**What the task asks:**
What lines in the entries below contain the word "Carburetor"? Copy all of them.

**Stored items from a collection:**
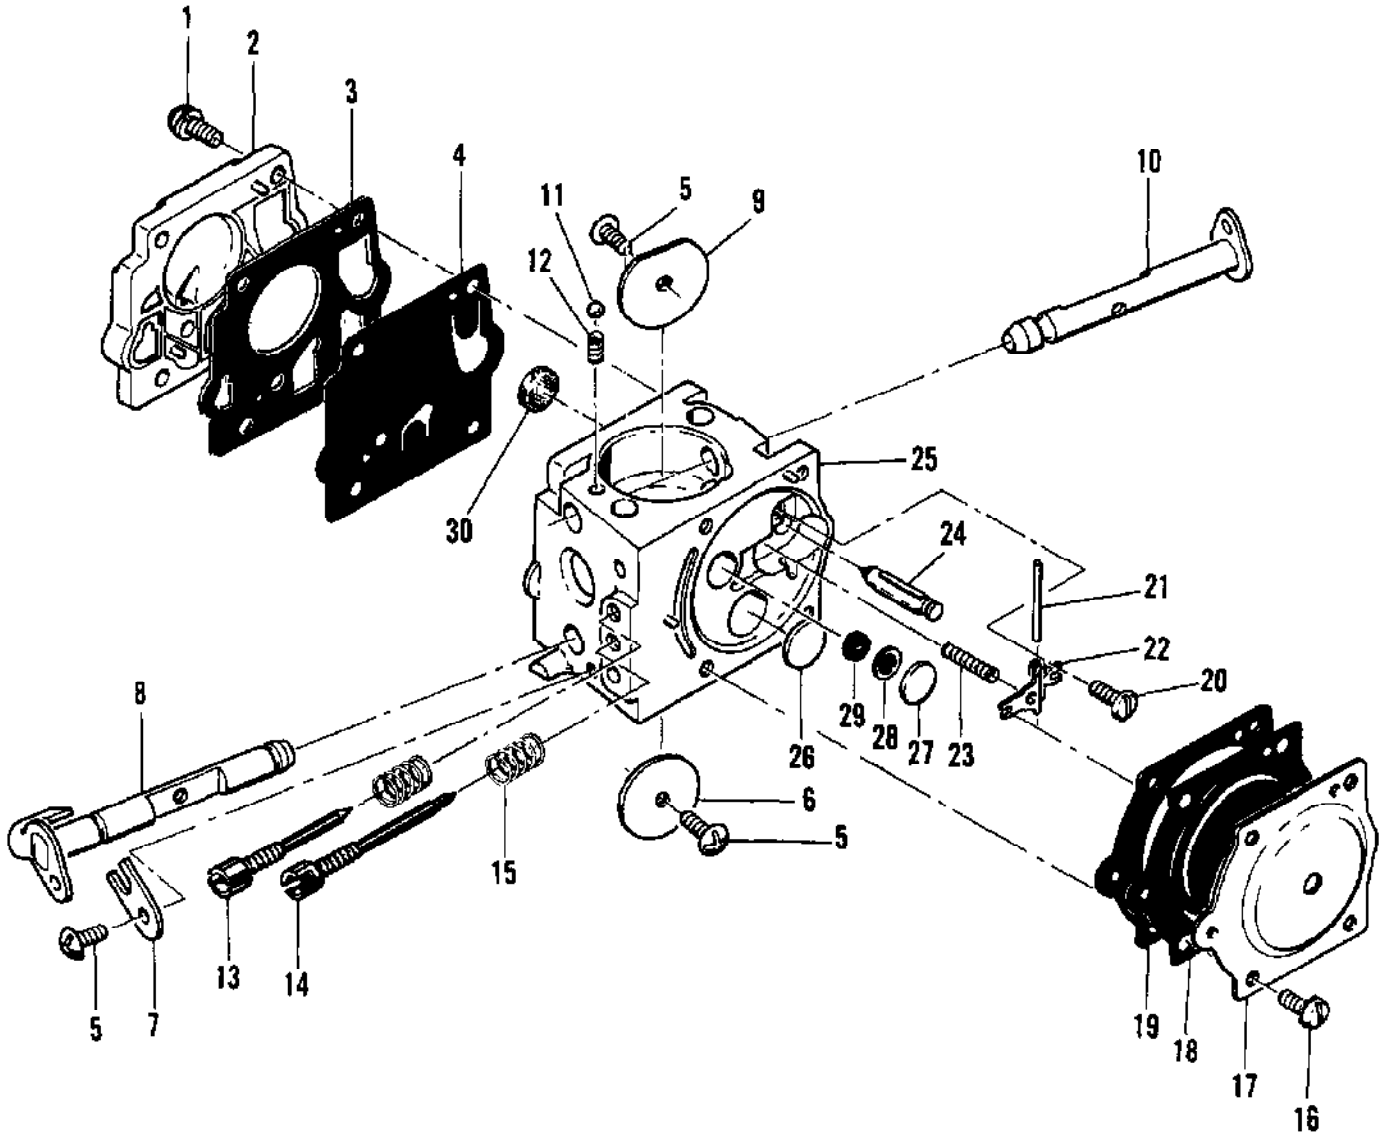

Ref #	Part Number	Qty	Description
	67379	1	Carburetor Assy (McCulloch SDC-2)
1	67501	4	Screw - Pump cover
2	83760	1	Cover - Pump
3	67495	1	Gasket - Cover
4	83114	1	Diaphragm - Fuel pump
5	47690	3	Screw - Plate
6	67487	1	Plate - Throttle
7	67489	1	Clip - Shaft
8	67486	1	Shaft Assy - Throttle
9	67490	1	Plate - Choke
10	67488	1	Shaft Assy - Choke
11	100302	1	Ball - Choke friction
12	67504	1	Spring - Choke
13	67506	1	Needle - High speed
14	67505	1	Needle - Idle
15	67502	2	Spring - Needle
16	70798	4	Screw - Diaphragm cover
17	83761	1	Cover - Diaphragm
18	67499	1	Diaphragm - Metering
19	67496	1	Gasket - Diaphragm
20	67500	1	Screw - Lever pin
21	67508	1	Pin - Lever
22	67509	1	Lever - Metering
23	67503	1	Spring - Lever
24	67491	1	Valve - Needle
25	67483	1	Body Assy - Carburetor
26	71690	1	Plug - 3/8
27	69506	1	Plug - 5/16
28	69203	1	Seat Assy
29	69204	1	Valve
30	67507	1	Screen - Fuel
	67482		Gasket Set
	67481		Repair Kit

**Response for this exercise:**
	67379	1	Carburetor Assy (McCulloch SDC-2)
25	67483	1	Body Assy - Carburetor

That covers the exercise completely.